WORK TO BE COMPLETED —
Please restate, word for word, each line from the one containing "Elevation: 2130 m" through the end of the entries below.

····················

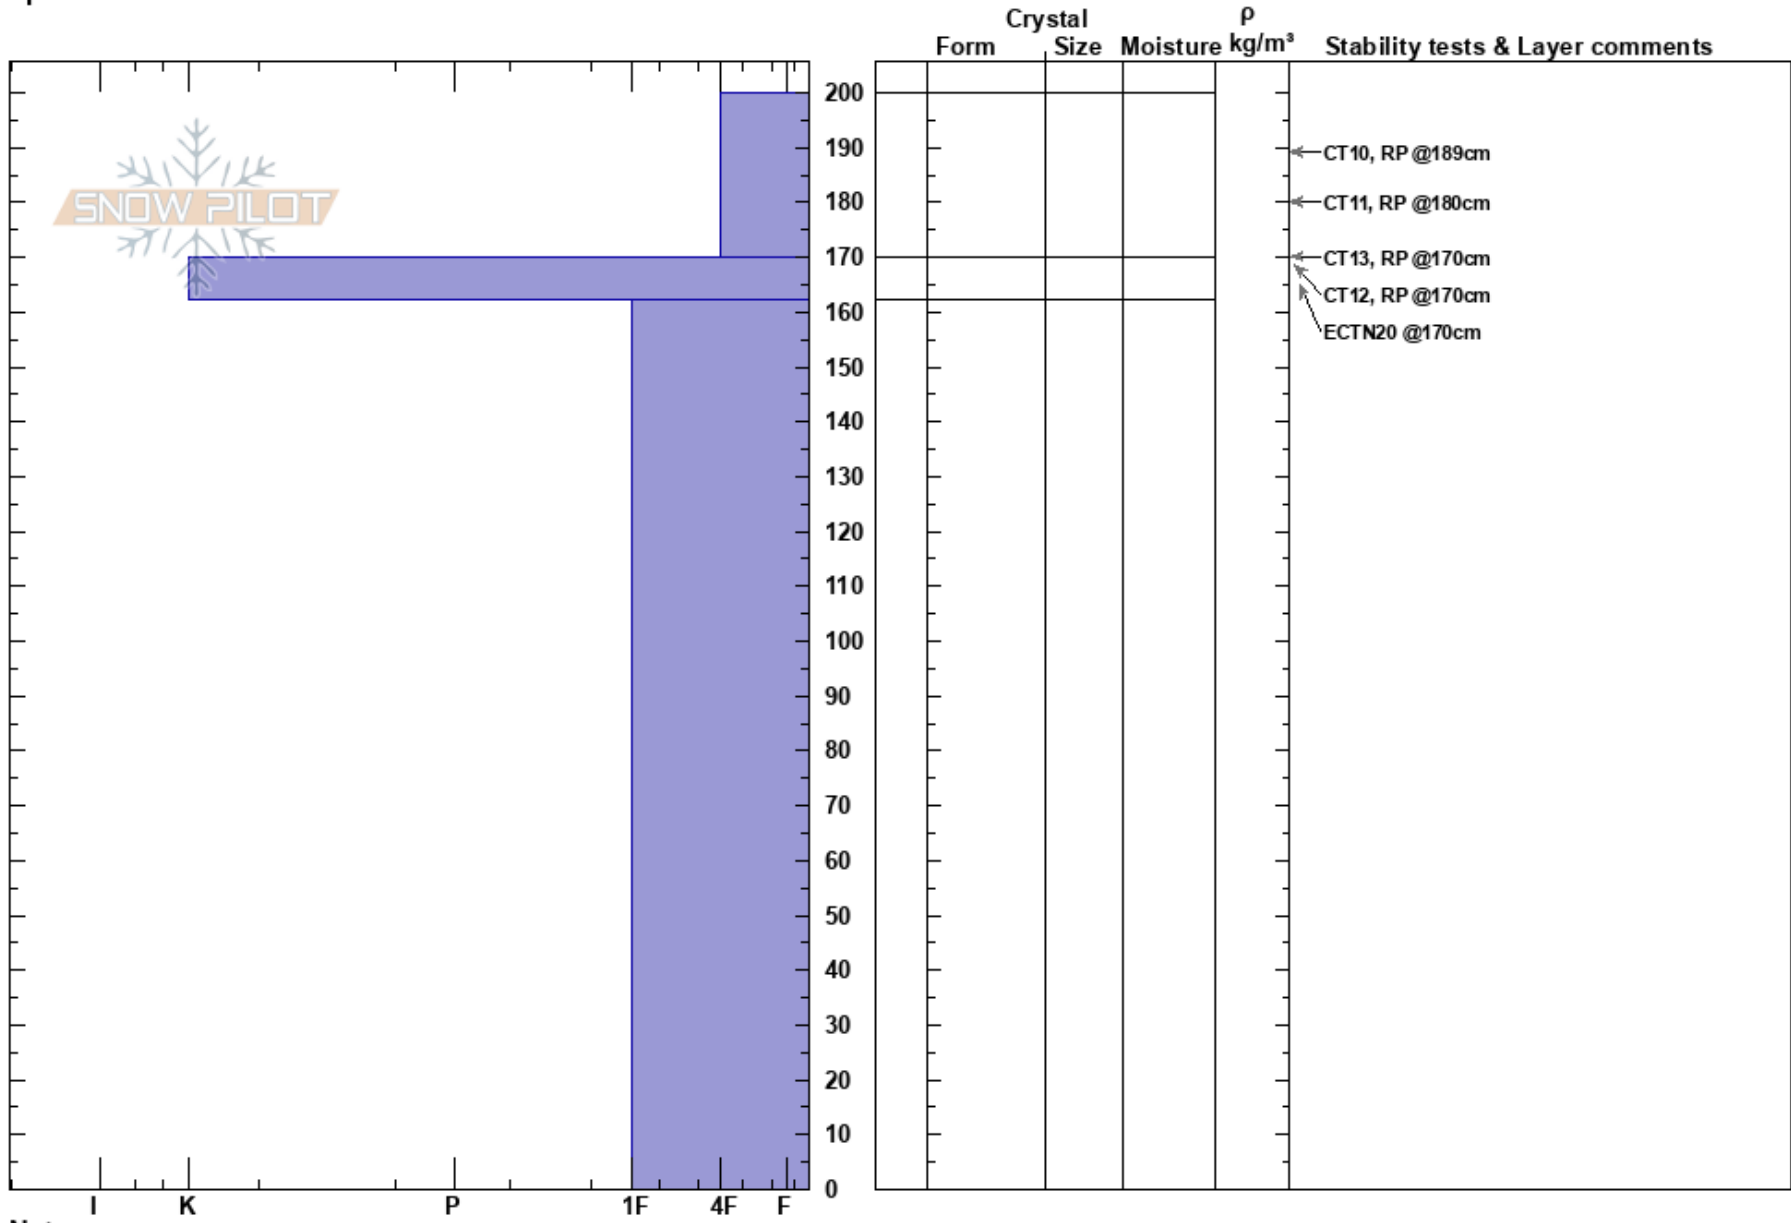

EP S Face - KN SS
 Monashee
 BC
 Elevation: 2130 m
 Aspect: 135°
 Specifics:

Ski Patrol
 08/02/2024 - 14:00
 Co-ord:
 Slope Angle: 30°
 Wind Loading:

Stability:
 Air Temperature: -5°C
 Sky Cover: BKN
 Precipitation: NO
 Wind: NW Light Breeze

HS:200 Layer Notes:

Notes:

····················

SOLUTION TO THIS TASK —
 Elevation: 2130 m
 Aspect: 135°
 Specifics:

Ski Patrol
 08/02/2024 - 14:00
 Co-ord:
 Slope Angle: 30°
 Wind Loading:

Stability:
 Air Temperature: -5°C
 Sky Cover: BKN
 Precipitation: NO
 Wind: NW Light Breeze

HS:200 Layer Notes:

Notes:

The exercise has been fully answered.